• REQUIRED ACTION: Only the pictures stay out; every record is to be quoted exactly.

[Data excerpts]
# # # #

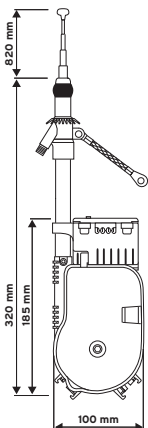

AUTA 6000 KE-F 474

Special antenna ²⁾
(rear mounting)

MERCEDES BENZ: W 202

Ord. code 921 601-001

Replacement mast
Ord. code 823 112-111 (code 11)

# # # #

• ANSWER SPACE:
AUTA 6000 KE-F 474

Special antenna ²⁾
(rear mounting)

MERCEDES BENZ: W 202

Ord. code 921 601-001

Replacement mast
Ord. code 823 112-111 (code 11)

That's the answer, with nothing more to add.